With its lengthy solos and emphasis on instrumental flair, the jam-band archetype provides musicians ample opportunity to show off. So perhaps the most intriguing element of Chirp’s live show is that its four members resist the temptation to project even a bit of ego while onstage. This local band’s long-form funk, jazz, and proggy rock numbers are tight and impeccably rendered, but the quartet’s performance style is so laid-back that casual listeners may not realize just how good they are.

Jay Frydenlund and Ken Ball are the stars of the show, though the term feels like an overstatement for a band this low-key. The two guitarists complement each other beautifully, trading leads and rhythm parts almost seamlessly. Both Frydenlund and Ball enjoy a bright, funky, skittering rhythm chord just as much as a blues-inflected, technically complex extended solo. The band’s originals stake out the same middle ground between catchy hooks and sly compositional complexity as their diverse repertoire of covers, which ranges from Jimi Hendrix to Curtis Mayfield to Rush.
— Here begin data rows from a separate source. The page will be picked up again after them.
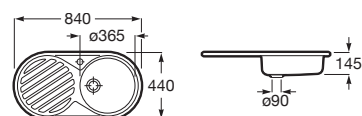

Duo 80 EI

Fregadero de 1 cubeta de acero inoxidable y escurridor a la izquierda con orificio para la grifería y válvula 3/2".

A870940845

ACERO INOX

45

145

Ruedo

Fregadero de 1 cubeta de acero inoxidable con orificio para la grifería y válvula 3/2".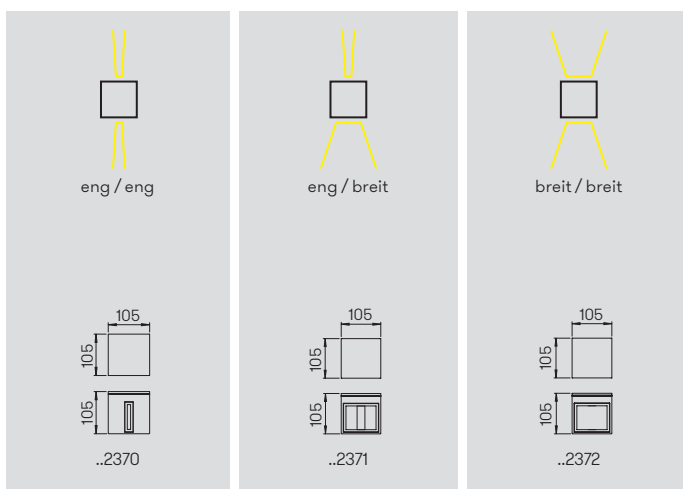

Information zum Lichtaustritt

Nummer	Bestückung	Lichtstrom	Farbe
Wandstrahler mit LED			
eng / eng			
622370	2 × LED 3 W	je 330 lm	anthrazit
662370	2 × LED 3 W	je 330 lm	schwarz
682370	2 × LED 3 W	je 330 lm	weiß
692370	2 × LED 3 W	je 330 lm	silber
eng / breit			
622371	2 × LED 3 W	je 330 lm	anthrazit
662371	2 × LED 3 W	je 330 lm	schwarz
682371	2 × LED 3 W	je 330 lm	weiß
692371	2 × LED 3 W	je 330 lm	silber
breit / breit			
622372	2 × LED 3 W	je 330 lm	anthrazit
662372	2 × LED 3 W	je 330 lm	schwarz
682372	2 × LED 3 W	je 330 lm	weiß
692372	2 × LED 3 W	je 330 lm	silber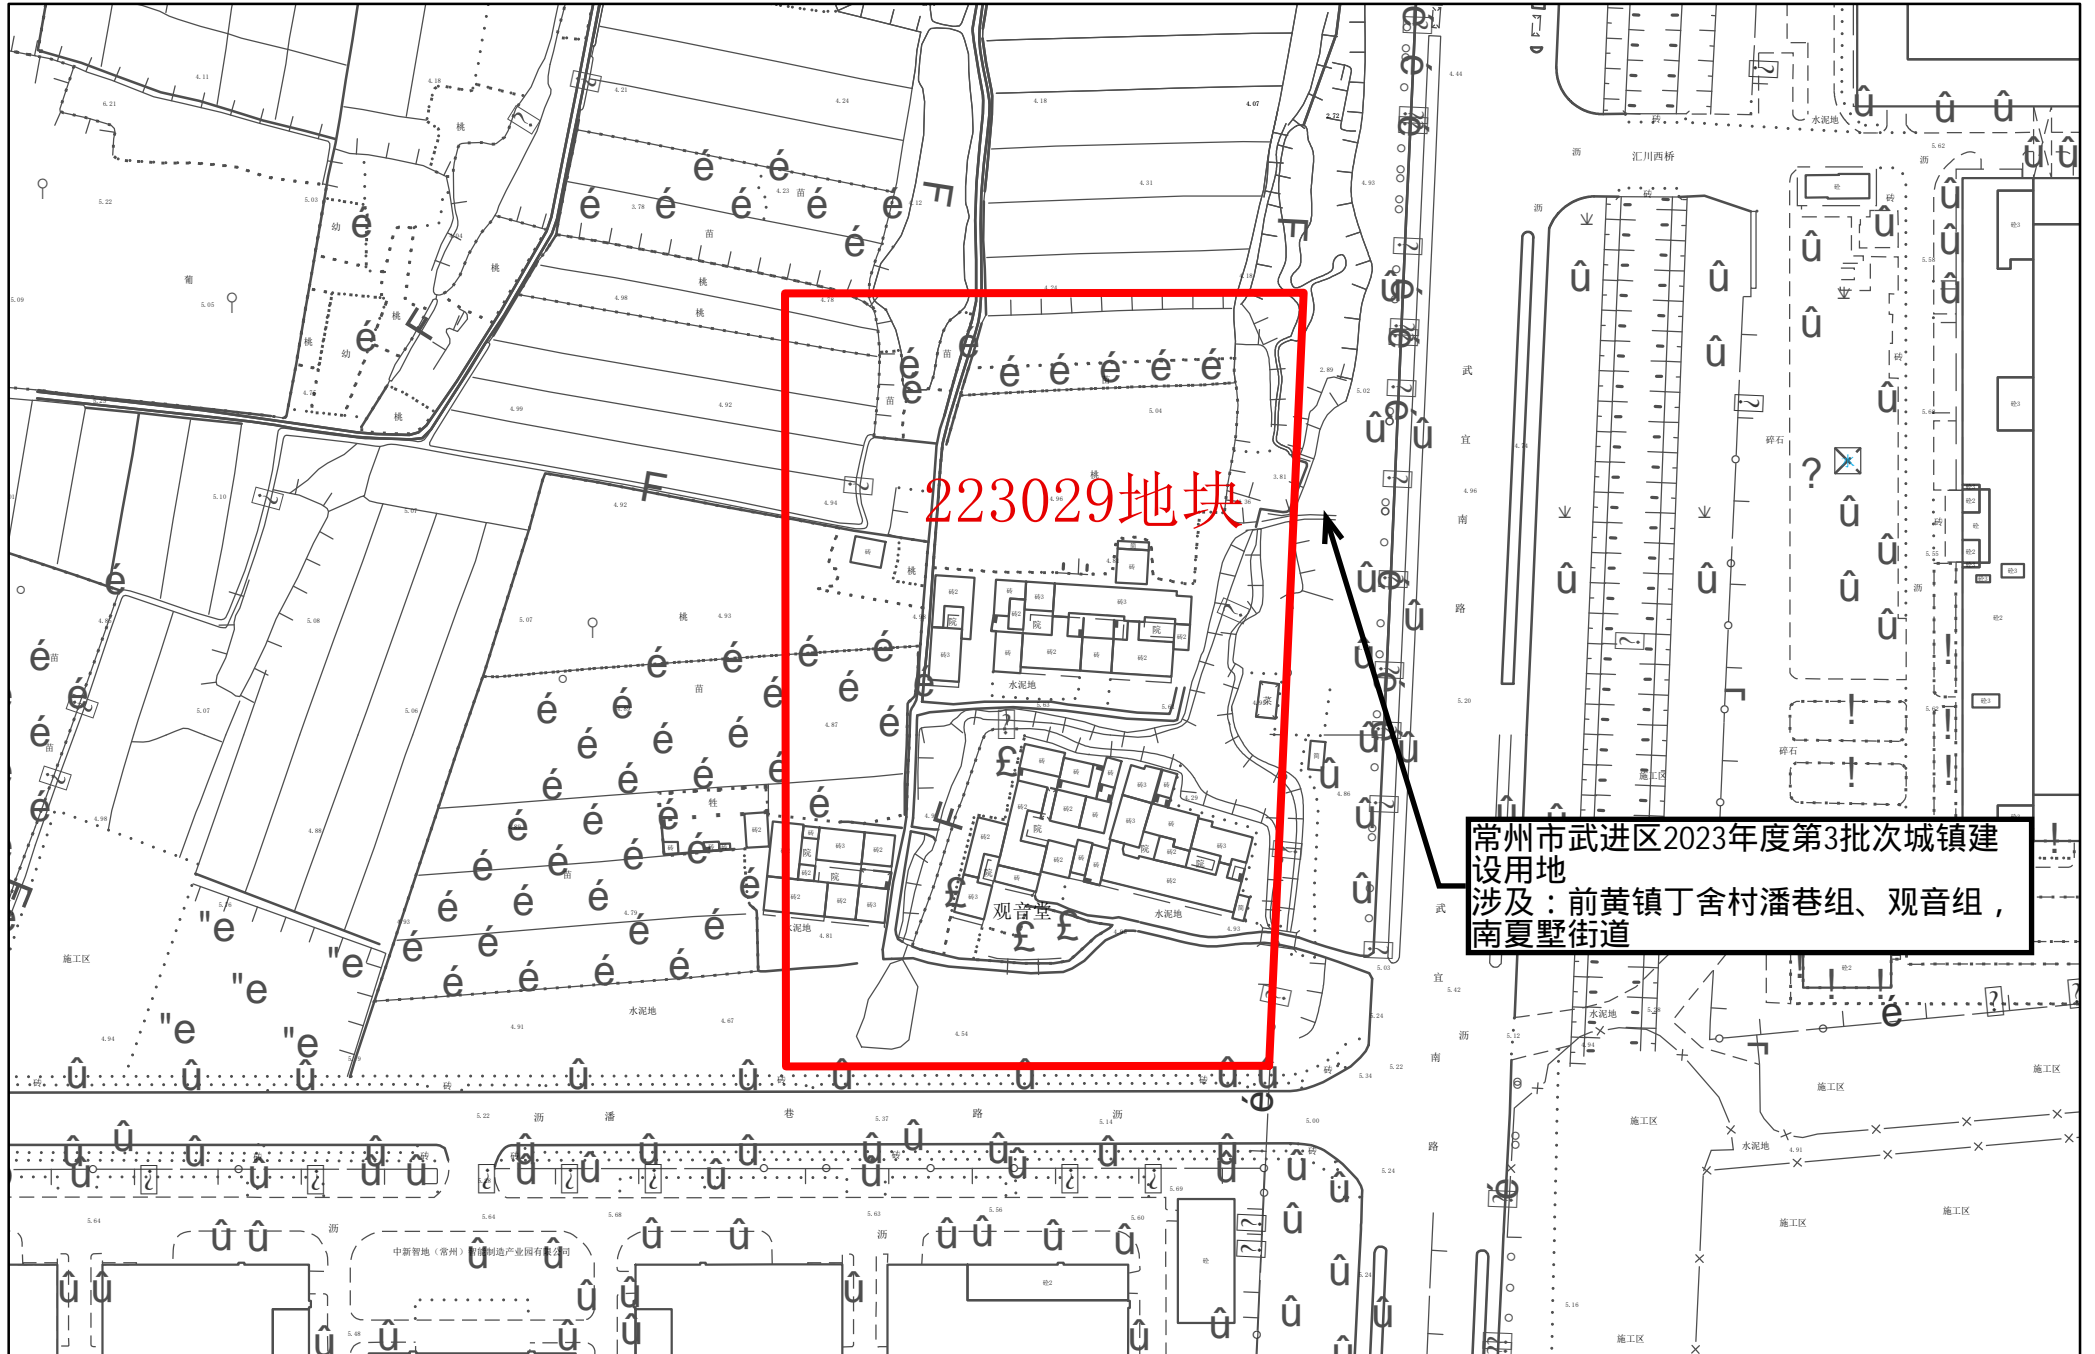

# 常州市武进区征收土地红线图

223029地块

常州市武进区2023年度第3批次城镇建设用  
涉及：前黄镇丁舍村潘巷组、观音组，  
南夏墅街道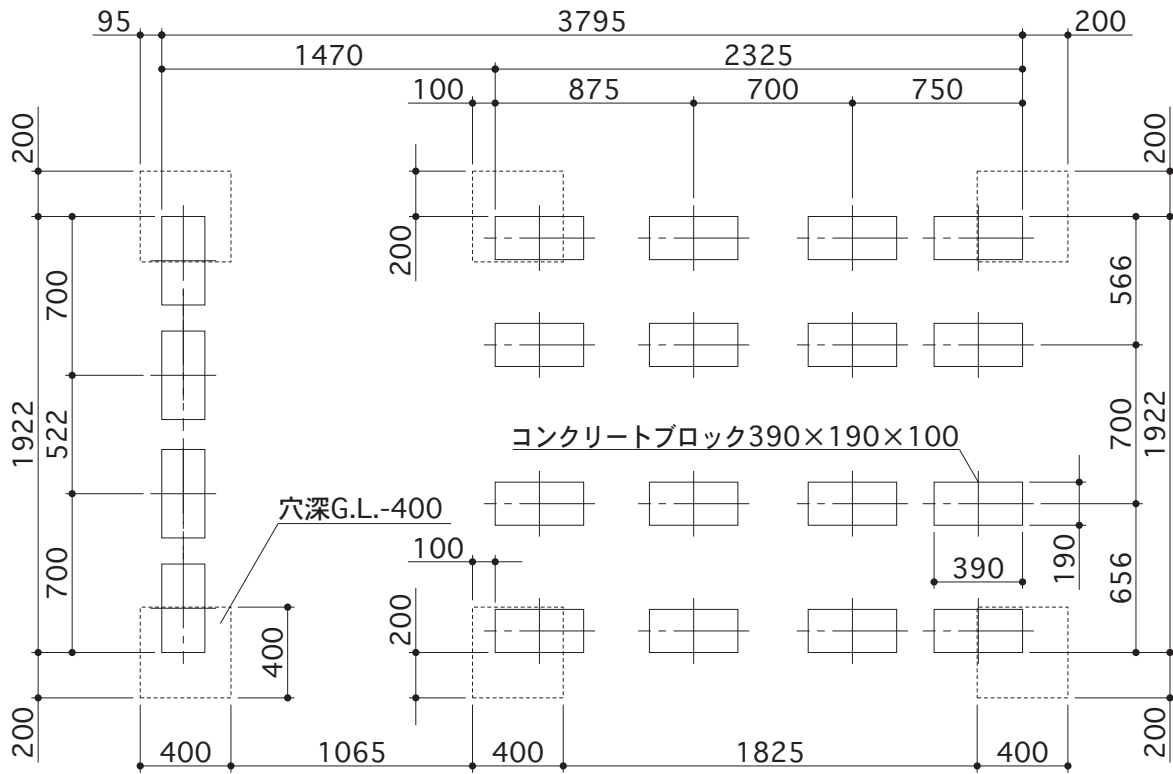

# TP-3719(右物置)

## 出入口側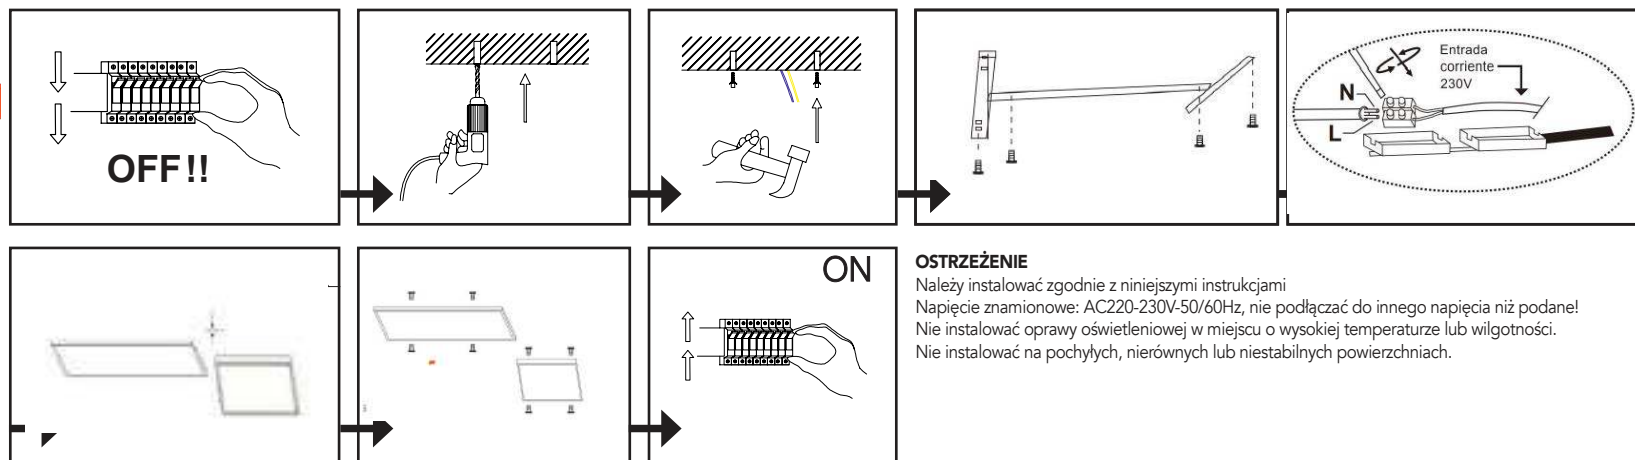

MONTÁŽNÍ MANUÁL

- Před instalací svítidla vypněte pojistky.
- Aby bylo možné tento produkt bezpečně nainstalovat, jsou vyžadovány minimálně 2 osoby.
- Elektroinstalační práce smí provádět jen kvalifikovaný pracovník dle ČSN.
- Pokud jste se ujistili, že je elektrina bezpečně vypnuta, můžete se pus-tit do samotné instalace svítidla. Při montáži postupujte dle přiloženého originálního návodu od výrobce.
- Vybalte svítidlo z transportního obalu a rozložte svítidlo na měkkou podložku.
- Přípevněte základnu svítidla na strop pomocí šroubů.
- Připojte vodičí kabel do svorkovnice napájecího zdroje.
- Přípevněte svítidlo k základně.

INSTALACE

Produzent: IMMAX, MMAX, Teslova 1179/2, 702 00 Tschechische Republik, EU Hergestellt in P.R.C. / Hergestellt in P.R.C.

07276L / 07277L / 07278L / 07279L
Inteligentna oprawa sufitowa Immax
NEO LITE FRAME
Wymiary: 60 x 60 cm / 120 x 30 cm
Napięcie wejściowe: AC220-230V-50/60Hz
Moc wejściowa: 50W
Intensywność światła: 5200lm
IP44

INSTRUKCJA MONTAŻU

- Wyłącz bezpieczniki przed instalacją oprawy.
- Do bezpiecznej instalacji tego produktu wymagane są co najmniej 2 osoby.
- Prace związane z instalacją elektryczną mogą być wykonywane wyłącznie przez wykwalifikowaną osobę zgodnie z normą EN.
- Po upewnieniu się, że zasilanie elektryczne jest bezpiecznie wyłączone, można przystąpić do faktycznej instalacji oprawy oświetleniowej. Podczas instalacji należy postępować zgodnie z dołączonymi oryginalnymi instrukcjami producenta.
- Rozpakować oprawę oświetleniową z opakowania transportowego i rozłożyć ją na miękkiej macie.
- Przymocuj podstawę oprawy do sufitu za pomocą śrub.
- Podłącz kabel prowadzący do listwy zaciskowej zasilacza.
- Przymocuj oprawę oświetleniową do podstawy.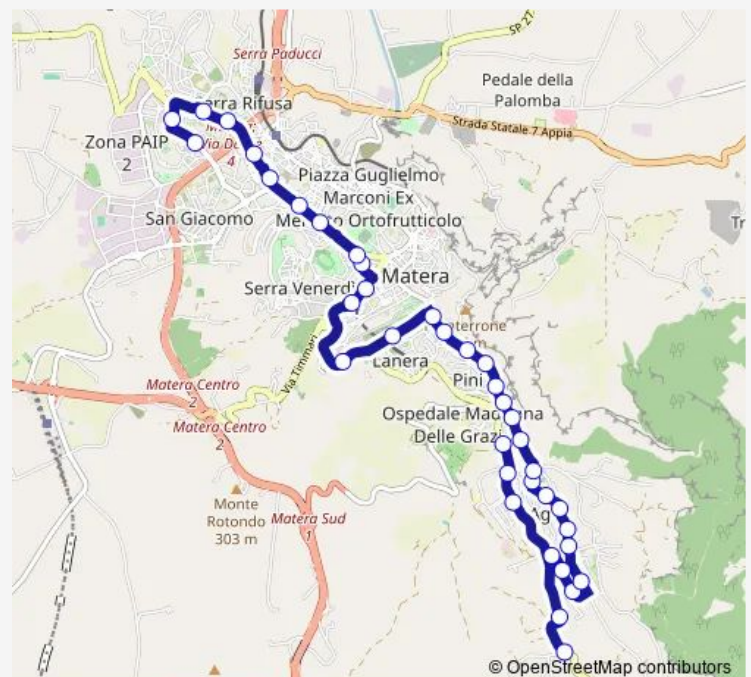

Via Ricciardi

Via Farina

Via Frangione

Via Guida

Piazza Sant. Agnese

Via dei Cappuccini

Via Cappuccini

Via dei Cappuccini

Thursday 07:25

Friday 07:25

Saturday —

Sunday —

Route info

Direction: Via Montescaglioso

Stops: 37

Trip Duration: 0 hour 35 min

S8 — Linea Speciale Scolastica 8

Via Lucana

Via Lucana

Via Lanera Istituto Magistrale

Via A. di Francia

Viale Aldo Moro

Via Moro

Via Ugo La Malfa

Via Ugo La Malfa

Via Dante

Via Dante

Via Dante

Via Dante

Via Gravina

Via Gravina

Via Sallustio

Both Frydenlund and Ball also sing. Frydenlund has the stronger voice, including a fine falsetto that serves him well on some old-school funk covers. But instrumental bliss is the band’s strong suit, and Chirp is most enjoyable when Frydenlund and Ball–to paraphrase Frank Zappa–shut up and play their guitars.

The rhythm section is equally solid. Chirp generally eschews the polarizing drum solos common among instrumental jam outfits, but that’s no slight against drummer John Gorine. He’s a thoroughly capable performer, handling simpler grooves with rock-steady precision but also annihilating more complicated prog fills with the same nonchalance. Bassist Brian Long helps round out Frydenlund and Ball’s sound, sometimes tripling guitar lines with them and otherwise buoying the band’s grooves with funky bass lines.

Long is perhaps the epitome of the band’s almost comically relaxed attitude, at one point visibly yawning as he played his instrument at a recent Chirp show. Gorine and Ball are similarly inscrutable, and even Frydenlund, perhaps the band’s biggest showman, never goes much further than occasionally tipping his head skyward as he sings. But this band isn’t apathetic or disengaged; Chirp’s members are just wholly dedicated to the simple act of playing music together, and their passion comes through fully in the music itself.

Chirp plays at ABC Microbrewery November 20 and the Session Room November 1, 15, and 22.